Bei dieser Erkenntnislage kann eine mit beachtlicher Wahrscheinlichkeit drohende Verfolgung allein wegen illegaler Ausreise, eines längeren Auslandsaufenthalts und der Stellung eines Asylantrags aufgrund einer Art Generalverdacht, der Opposition anzugehören, nicht festgestellt werden (vgl. ebenso die – soweit ersichtlich – bisher ergangene, übereinstimmende obergerichtliche Rechtsprechung: OVG Schleswig-Holstein, Urt. v. 23.11.2016 – 3 LB 17/16 – juris, Rn. 38, 40; BayVGH, Urt. v. 12.12.2016 – 21 BB 16.30372 – juris, Rn. 22, Urt. v. 21.03.2017 – 21 B 16.31013 – juris, Rn. 19 und Urt. v. 21.03.2017 – 21 B 16.31013 – juris, Rn. 62 und 67 ff.; OVG Rheinland-Pfalz, Urt. v. 16.12.2016 – 1 A 10922/16.OVG – juris, S. 15 ff.; OVG Saarland, Urt. v. 02.02.2017 – 2 A 515/16 – juris, Rn. 23, 30 und Urt. v. 17.10.2017 – 2 A 365/17 – juris, Rn. 22; OVG Nordrhein-Westfalen, Urt. v. 21.02.2017 – 14 A 2316/16.A – juris, Rn. 49; NdsOVG, Urt. v. 27.06.2017 – 2 LB 91/17 – juris, Rn. 43; VGH Baden-Württemberg, Urt. v. 09.08.2017 – A 11 S 710/17 – juris, Rn. 38 ff.; OVG Berlin-Brandenburg, Urt. v. 22.11.2017 – OVG 3 B 12.17 – juris, Rn. 20; vgl. auch OVG Sachsen-Anhalt, Beschl. v. 29.03.2017 – 3 L 249/16 – juris, Rn. 9 ff.; diese Frage ausdrücklich offen lassend nur HessVGH, Urt. v. 06.06.2017 – 3 A 3040/16.A – juris, Rn. 48).

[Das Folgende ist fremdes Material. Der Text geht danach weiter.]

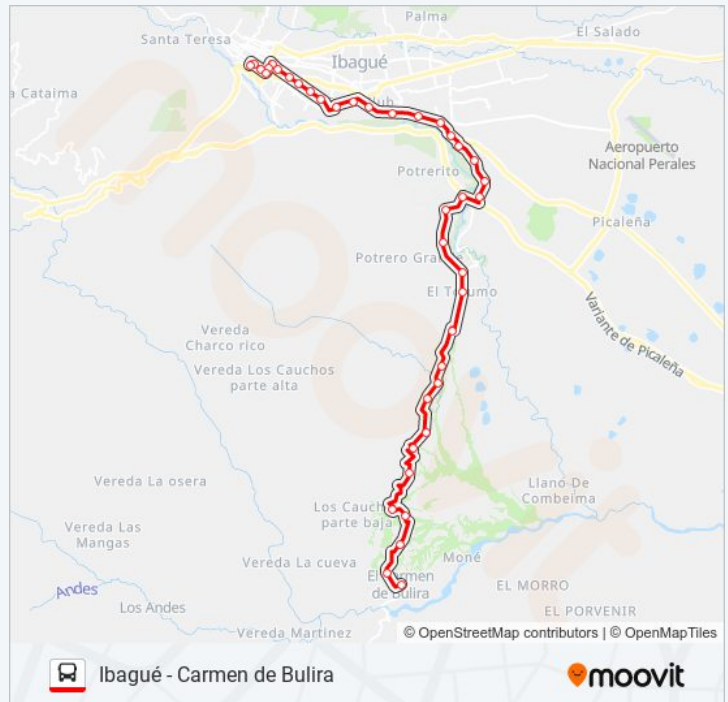

Av Mirolindo Pp

Glorieta Mirolindo Lado Sur

Ibague

Vía Ibague

Vía Ibague

La Tribu

Laosera18

Laosera19

Laosera21

Vía Rovira

El Totumo

El Caracoli

El Rodeo

Guadual

Vía Rovira

Vía Rovira

Cerco De Piedra

El Paraiso

Finca La Curva

Vía Rovira

Vía Rovira

Vía Rovira

Carmen De Bulira

Información de la línea VDA. CARMEN DE BULIRA de autobús

Dirección: Ibagué - Carmen De Bulira

Paradas: 39

Duración del viaje: 70 min

Resumen de la línea:

Los horarios y mapas de la línea VDA. CARMEN DE BULIRA de autobús están disponibles en un PDF en moovitapp.com. Utiliza Moovit App para ver los horarios de los autobuses en vivo, el horario del tren o el horario del metro y las indicaciones paso a paso para todo el transporte público en Ibagué.
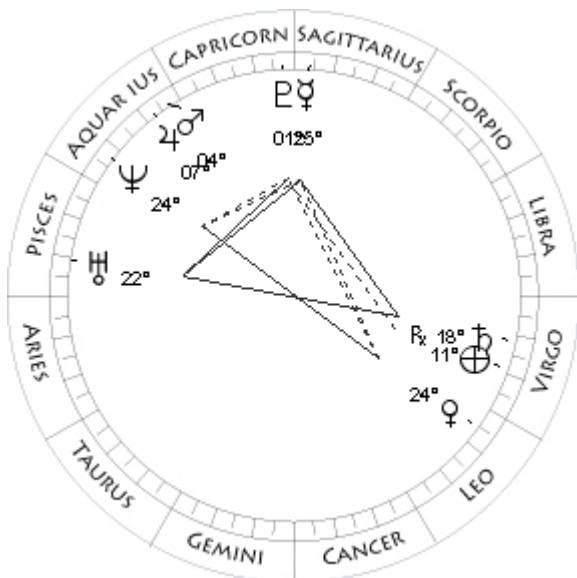

Mar 1, 2009

Apr 1, 2009

Mar 1, 2009

Mo|04Ta46 + 5°11	Ea|11Vi02 - 0°00
Su|11Pi03 - 0°00	Me|25Sa23 - 1°39
Me|18Aq55 - 1°39	Ve|24Le34 + 6°10
Ve|14Ar56 + 6°10	Ma|04Aq09 - 1°06
Ma|19Aq20 - 1°06	Ju|07Aq31 - 0°30
Ju|12Aq48 - 0°30	Sa|18Vi07 + 2°16
Sa|18Vi57 + 2°16R	Ur|22Pi29 - 0°44
Ur|21Pi57 - 0°44	Ne|24Aq04 - 0°22
Ne|24Aq36 - 0°22	Pl|01Cp40 + 5°42
Pl|03Cp00 + 5°42	No|07Aq50 - 0°00

Apr 1, 2009

Mo|27Ge20 + 3°14	Ea|11Li54 - 0°00
Su|11Ar54 - 0°00	Me|17Ar37 - 0°55
Me|13Ar20 - 0°55	Ve|14Li50 + 7°36
Ve|04Ar24 + 7°36R	Ma|23Aq34 - 1°10
Ma|13Pi36 - 1°10	Ju|10Aq12 - 0°35
Ju|19Aq12 - 0°35	Sa|19Vi11 + 2°16
Sa|16Vi35 + 2°16R	Ur|22Pi49 - 0°44
Ur|23Pi43 - 0°44	Ne|24Aq15 - 0°22
Ne|25Aq38 - 0°22	Pl|01Cp51 + 5°44
Pl|03Cp18 + 5°44	No|06Aq11 - 0°00
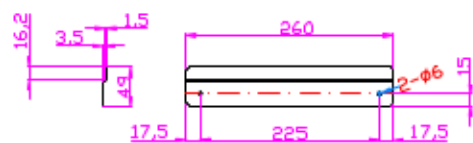

Pisuar wiszący ze stali nierdzewnej

Kod: K13004

Element montażowy

Dagegen spricht auch, dass nach Schätzungen jedes Jahr Hunderttausende von Flüchtlingen nach Syrien reisen; meistens um nach ihrem Hab und Gut zu schauen, Dokumente einzuholen oder zu erneuern oder um Familienmitgliedern und Freunden lebenswichtige Hilfe zu geben, bevor sie wieder in benachbarte Länder einreisen (vgl. IRB Canada, 19.01.2016, S. 1 unter Verweis auf den Norwegischen Flüchtlingsrat und das Internationale Rettungskomitee). Eine solch umfangreiche Reisetätigkeit zeigt, dass jedenfalls die in den benachbarten Ländern lebenden syrischen Flüchtlinge trotz des (extrem) repressiven Charakters des syrischen Staates davon ausgehen, im Rahmen der auch an den übrigen Grenzübergängen zu Syrien strengen Grenzkontrollen (vgl. dazu IRB Canada, 19.01.2016, S. 2 f.) keiner besonderen Gefährdung ausgesetzt zu sein (vgl. ebenso VGH Baden-Württemberg, Urt. v. 09.08.2017 – A 11 S 710/17 – juris, Rn. 44, 46; BayVGH, Urt. v. 21.03.2017 – 21 B 16.31011 – juris, Rn. 67).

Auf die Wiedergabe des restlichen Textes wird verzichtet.